On va créer en quelque sorte un atelier choral auquel pourront se rendre tous ceux qui le souhaitent, sur inscription, je le précise quand même. Le but étant de réaliser six œuvres de René Gerber, un de nos héros de la journée, n’est-ce pas ? Œuvres qui seront ensuite exécutées dans le cadre du concert final, le dimanche après-midi, au Temple de Bevaix.

 

Nous sommes devant la grande salle de Bevaix, un vestige de l’Expo nationale de 1964. Grande salle dans laquelle il va se passer pas mal de choses ?

La grande salle, ici au centre de Bevaix sera le lieu de diverses réjouissances, telles que d’abord des animations musicales destinées en grande partie aussi aux jeunes, mais pas seulement, puisqu’on aura de la danse, breakdance. On aura aussi de la fanfare. On aura aussi diverses animations musicales qui se tiendront également. Le samedi soir, un repas concocté par notre ami, Bernard Stocco, qui consistera, c’est le grand spécialiste, en un risotto aux champignons. Pendant les deux journées, une taverne sera ouverte sans discontinuer qui permettra aux gens de se restaurer pendant toute la journée tout en participant aux diverses activités des Biviades.

 

Dans cette salle polyvalente, il va également se réaliser une frise à partir de photos et de peintures. Pour cela, on va laisser parler M. le pasteur, Jean-Pierre Roth.

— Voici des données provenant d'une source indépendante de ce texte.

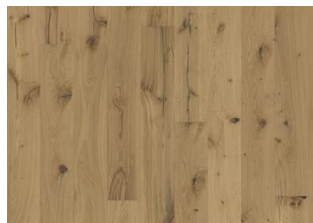

Eik Pallido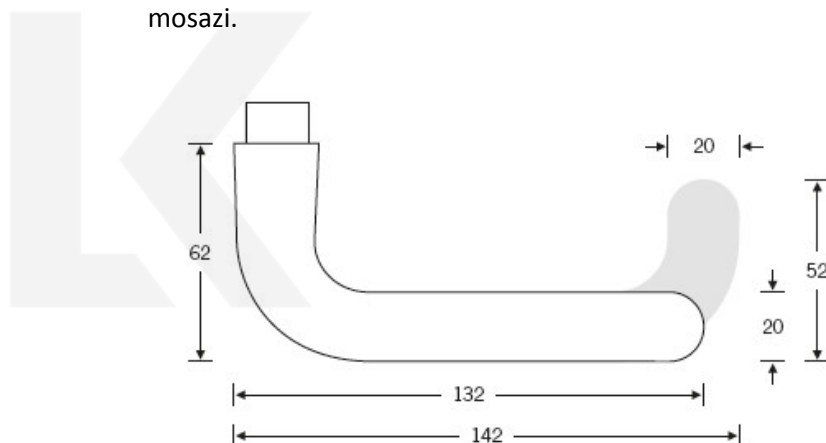

## Kování FSB 12 1147 ASL Eloxovaný hliník, klika / klika, Cylindrická vložka

**FSB**

ID produktu: 536

Logo FSB obsahuje tvar kliky navržený rakouským filozofem Ludwigem Wittgensteinem ve 20. letech minulého století. Podle tohoto originálu byla vyrobena klika FSB 1147. Hlavním poznávacím znakem kliky FSB je zakulacený konec a kuželovitý tvar krku. Ostatní kliky na trhu toto zakončení a úpravu krku nemají. Klika je dostupná v hliníku, nerezí a mosazi.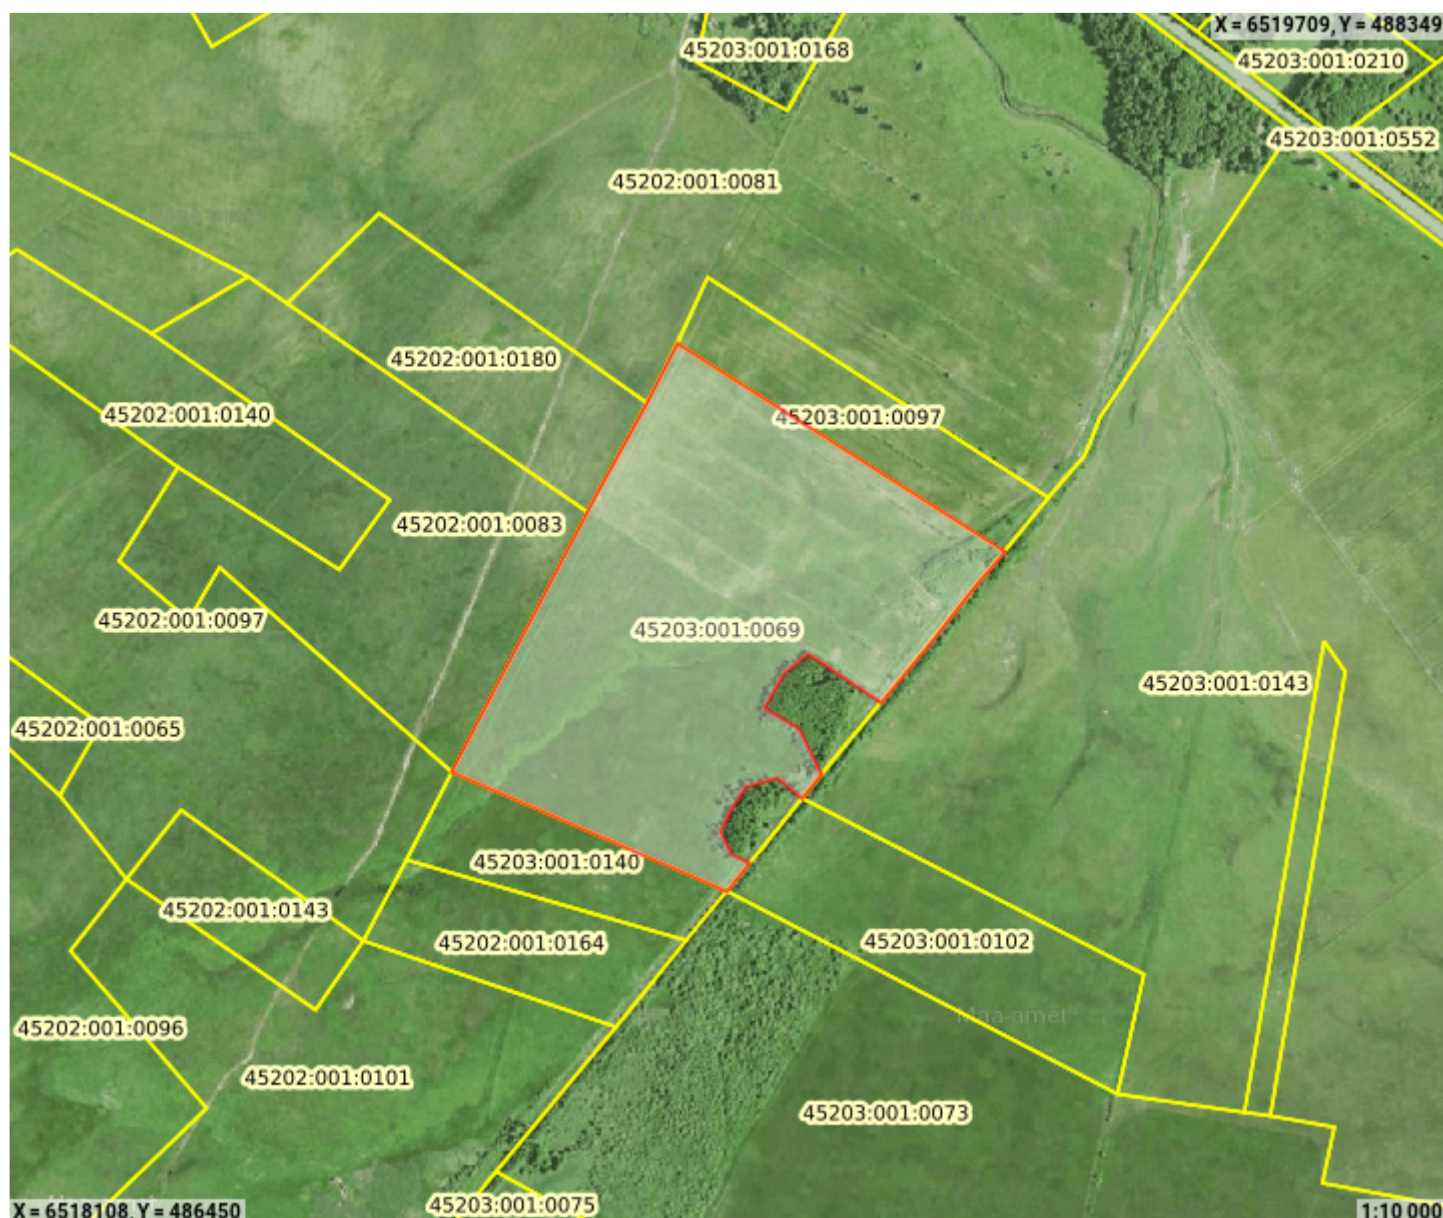

Asendiplaan

Lisa 1-3 RMK ja Osaühing VILJATARE vahelise maarendilepingu nr 3-6.9/2024/52 juurde

Kasutusala	Vara kasutamiseks andmine, Maa rentimine
Kasutusala pindala	253601 m ²
Katastritunnus	45203:001:0069
Address	Matsalu rahvuspark 115, Rannajõe küla, Lääne-Nigula vald, Lääne maakond,
Katastriüksuse pindala	273400 m ²

 Kasutusala piir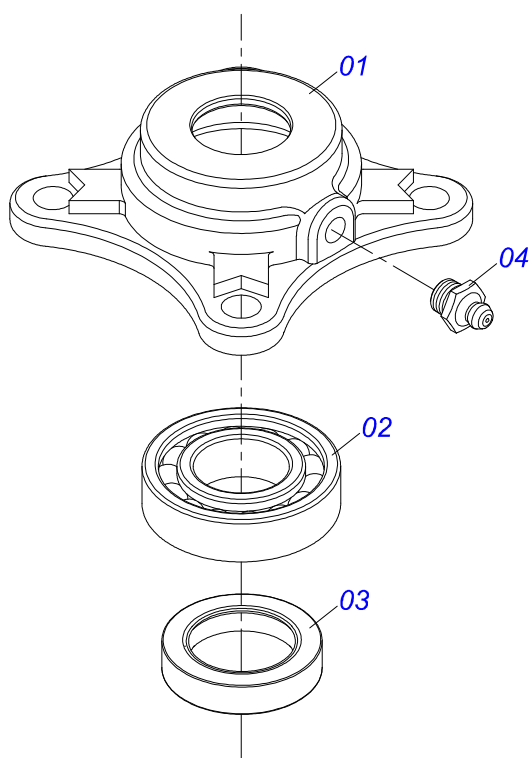

Item	Código	Descrição	Ver Pág.	QT
01	0502011442	CAIXA MANCAL AGRICOLA F-206		01
02	0503010276	ROLAMENTO 6206		01
03	0503011865	RETENTOR 00701B		01
04	0503010002	GRAXEIRA 1800		01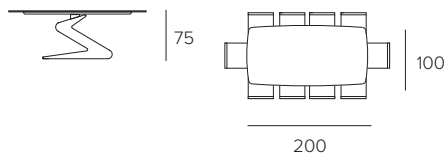

### COD. TP203

L 230 P 110 H 75 cm

RETTANGOLARE LEGNO  
RECTANGULAR WOOD

### COD. TP204

L 200 P 100 H 75 cm

BOTTICELLA LEGNO  
BARREL-SHAPED WOOD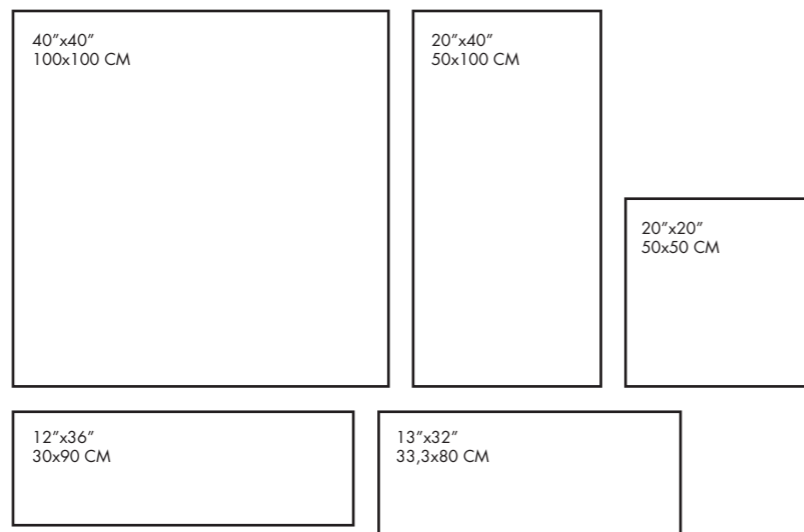

Manhattan

PORCELANITE ONE

PORCELÁNICO TÉCNICO DE GRAN FORMATO
LARGE FORMAT TECHNICAL PORCELAIN

AVAILABLE SIZES FORMATOS DISPONIBLES

WALL & FLOOR TILE PORCELAIN TILE

1800. 100x100
3035. 50x100
5044. 50x50

—
1900. 100x100 Anti-slip
3036. 50x100 Anti-slip

WALL TILE WHITE BODY TILE RED BODY TILE

9521. 30x90 White body
—
8200. 33,3x80 Red body

TEXTURE TEXTURA

AVAILABLE COLORS COLORES DISPONIBLES

Manhattan

1800 SOFT TOUCH - NATURAL
PORCELAIN TILE. 40"x40"
PORCELÁNICO. 100x100 CM.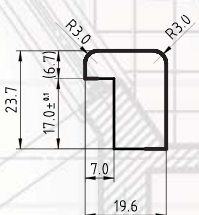

ZASKLÍVACÍ RÁMEČKY / MDF OBALOVANÉ PROFILY

Zasklívací lišty z MDF ve vysoké kvalitě dostupné v několika profilech.
Široká nabídka povrchových úprav a dekorů.

Lišta 18 x 22

- ✓ maximální délka 2,07 m
- ✓ falc 17,3 mm
- ✓ provedení ve všech dekorech

Lišta 22 x 25

- ✓ maximální délka 2,8 m
- ✓ falc 17,3 mm
- ✓ provedení pouze bílá

Lišta 25 x 40

- ✓ maximální délka 2,07 m
- ✓ falc 17,3 mm
- ✓ provedení ve všech dekorech

Lišta 22 x 12

- ✓ maximální délka 2,5 m
- ✓ falc 17,3 mm
- ✓ provedení pouze kašír

Lišta 13 x 22

- ✓ maximální délka 2,6 m
- ✓ falc 17,3 mm
- ✓ provedení pouze bílá

Lišta 30 x 8

- ✓ maximální délka 2,07 m
- ✓ provedení ve všech dekorech

Lišta panelová 12 x 27

- ✓ maximální délka 2,62 m

Lišta 22 x 14

- ✓ maximální délka 2,62 m
- ✓ falc 17,8 mm
- ✓ provedení ve všech dekorech

Lišta 20 x 24

- ✓ maximální délka 2,07 m
- ✓ falc 17 mm
- ✓ provedení ve všech dekorech

POVRCHOVÉ DEKORY

Povrchové úpravy jsou dostupné pro zasklívací lišty a rámečky, obložkové profily i interiérové dveře v několika provedeních.

CPL Lamino standard

Dýha

CPL Lamino deluxe

CPL Lamino premium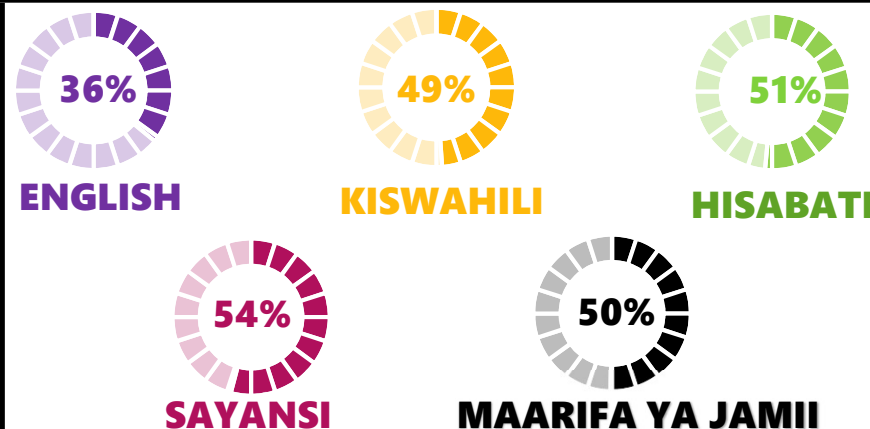

KATA: IPEPO	HALMASHAURI YA WILAYA YA MAKETE	BENDI	6
WILAYA: MAKETE	IGOLWA	WASTANI	120.4

TATHMINI FUPI YA UFAULU NA MASOMO

UFAULU WA SOMO KWA WASTANI		%	NAF
SAYANSI	27.1	54%	1
HISABATI	25.7	51%	2
MAARIFA YA JAMII	25.1	50%	3
KISWAHILI	24.4	49%	4
ENGLISH	18.0	36%	5

WAVULANA/WASICHANA	FAN	WAS	%
WAVULANA	18	0.4	41%
WASICHANA	27	0.6	61%

UFAULU WA MASOMO KWA MADARAJA					
JINA/DARAJA	A	B	C	D	E
HISABATI	1	10	22	10	0
KISWAHILI	0	9	22	10	0
ENGLISH	0	1	12	24	6
SAYANSI	0	14	21	0	0
MAARIFA YA JAMII	0	9	26	8	0
UHAKIKI WA MADARAJA	IDADI	FANYA		%	
A	0	43		0%	
B	5			12%	
C	29			67%	
D	9			21%	
E	0			0%	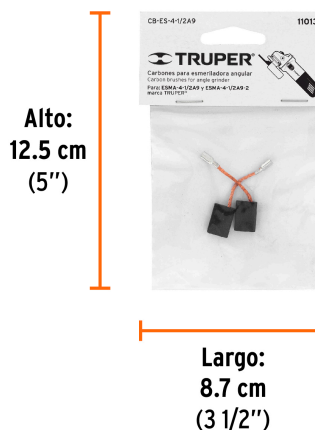

CÓDIGO: 11013 CLAVE: CB-ES-4-1/2A9

### Datos de Empaque (Medidas y pesos aproximados)

<b>Empaque Individual</b>	<b>Medidas:</b> Alto: 12.5 cm (5") Ancho: 0.5 cm (1/8") Largo: 8.7 cm (3 1/2") <b>Peso:</b> 0.005 kg (0.01 lb)
<b>Inner</b>	<b>Medidas:</b> Alto: 16.5 cm (6 1/2") Ancho: 3.2 cm (1 1/4") Largo: 18 cm (7") <b>Peso:</b> 0.08 kg (0.18 lb)
<b>Master</b>	<b>Medidas:</b> Alto: 15.7 cm (6 1/4") Ancho: 14.6 cm (5 3/4") Largo: 29.4 cm (11 1/2") <b>Peso:</b> 0.8 kg (1.76 lb)

### País de origen

Fabricado en China bajo las estrictas especificaciones de GRUPO TRUPER

**Imagenes complementarias**

Para esmeriladora

**ESMA-4-1/2A9**

**EMPAQUE INDIVIDUAL**

**Peso: 0.005 kg (0.01 lb)**

**EMPAQUE INNER**

**Contiene: 12 piezas**

**Peso: 0.08 kg (0.18 lb)**

**EMPAQUE MASTER**

**Contiene: 8 inner (96 piezas)**

**Peso: 0.8 kg (1.76 lb)**

Notre vœu est de laisser une place dans ce week-end à la couleur. Si je peux le dire aussi rapidement, que chaque participant puisse peindre, se laisser prendre au jeu d’une création picturale collective.

 

À quoi peuvent s’attendre les participants et comment vont-ils travailler ?

Au départ, nous avons un artiste. L’artiste peintre de Bevaix, Domenico Sorrenti, qui aura préparé avec des jeunes de Bevaix des panneaux de base qui ne sont pas au départ, colorés et qui finalement composeront une fresque qui sera fixée au-dessus de la porte d’entrée de la grande salle. D’une part, l’œuvre de ces ateliers restera là, fixée dans cette salle et d’autre part, les matériaux de base pour la réalisation des panneaux se fera à partir de photos de la grande salle actuelle et du village de Bevaix. Photos qui seront prises par le groupe de jeunes sous l’égide de M. Savioz, responsable des jeunes.

 

On se trouve dans la Maison des jeunes, toujours à Bevaix, où va se dérouler durant ce week-end, une exposition, un concours de photos.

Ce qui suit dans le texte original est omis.